Extracted records
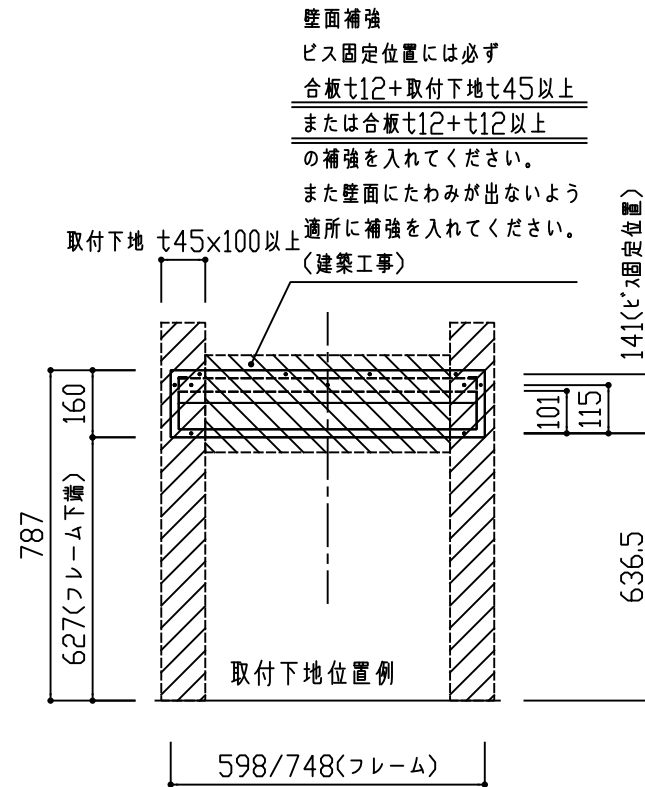

床排水

S配管

水栓D

商品名	必須選択OP	品番	管理No
洗面セット モノクロZ フローティング	W600・水栓D	KRIF600MZ-ND	09S
	W750・水栓D	KRIF750MZ-ND	10S

名称	仕様	数量
洗面カウンター	ポウルー体型 □付 人造大理石 ホワイト	1
洗面フレーム	スチール製 粉体塗装仕上げ	1
取付けねじセット	取付けねじ式 フレームに付属	1
排水トラップセット	1 1/2 弁プッシュ排水セット (黒) □付 S/P兼用 φ32	1
水栓 (水栓D)	AM-300TCV1 <LIXIL> 1/2接続 専用止水栓付 混合自動水栓	1

※水栓金具等の詳細につきましては、各製品の図面等をご参照ください。
※給水管等は別途ご用意ください。(水栓Dの場合は水栓に専用止水栓が付属しています。)
※コンセントは別途ご用意ください。
※注) 商品を設置する環境下で、日光の当たり方や照明の加減で稀に自動水栓に誤作動が起きる可能性があります。お客様の方で照明の角度・照度の調整、窓ガラスに遮光フィルムを貼るなどの対策をお願いします。

W600

※図は水栓Cを示す。
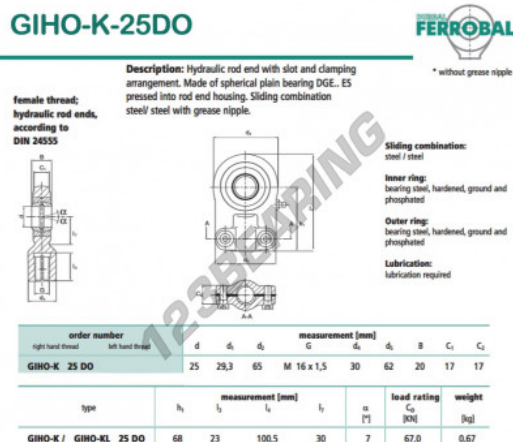

Rótula TAPR GIHO-K-25DO-DURBAL - GIHO-K-25DO-DURBAL

<https://www.123rolamento.pt/rolamento-mancal/rotula/tapr/giho-k-25do-durbal>

CARACTERÍSTICAS DO PRODUTO

Marca	DURBAL
Nº Ean13	3663952500737
Diâmetro interior	25 mm
Diâmetro exterior	65 mm
Espessura	17 mm
Tipo	TAPR
Peso	670 g
Linha	Rosca direita
Lubrificação	com
Embalagem	1

WORK INSTRUCTION
Only the text of the records above, copied exactly, should be returned; the pictures stay out.

ANSWER AREA
床排水

S配管

水栓D

商品名	必須選択OP	品番	管理No
洗面セット モノクロZ フローティング	W600・水栓D	KRIF600MZ-ND	09S
	W750・水栓D	KRIF750MZ-ND	10S

名称	仕様	数量
洗面カウンター	ポウルー体型 □付 人造大理石 ホワイト	1
洗面フレーム	スチール製 粉体塗装仕上げ	1
取付けねじセット	取付けねじ式 フレームに付属	1
排水トラップセット	1 1/2 弁プッシュ排水セット (黒) □付 S/P兼用 φ32	1
水栓 (水栓D)	AM-300TCV1 <LIXIL> 1/2接続 専用止水栓付 混合自動水栓	1

※水栓金具等の詳細につきましては、各製品の図面等をご参照ください。
※給水管等は別途ご用意ください。(水栓Dの場合は水栓に専用止水栓が付属しています。)
※コンセントは別途ご用意ください。
※注) 商品を設置する環境下で、日光の当たり方や照明の加減で稀に自動水栓に誤作動が起きる可能性があります。お客様の方で照明の角度・照度の調整、窓ガラスに遮光フィルムを貼るなどの対策をお願いします。

W600

※図は水栓Cを示す。

Rótula TAPR GIHO-K-25DO-DURBAL - GIHO-K-25DO-DURBAL

<https://www.123rolamento.pt/rolamento-mancal/rotula/tapr/giho-k-25do-durbal>

CARACTERÍSTICAS DO PRODUTO

Marca	DURBAL
Nº Ean13	3663952500737
Diâmetro interior	25 mm
Diâmetro exterior	65 mm
Espessura	17 mm
Tipo	TAPR
Peso	670 g
Linha	Rosca direita
Lubrificação	com
Embalagem	1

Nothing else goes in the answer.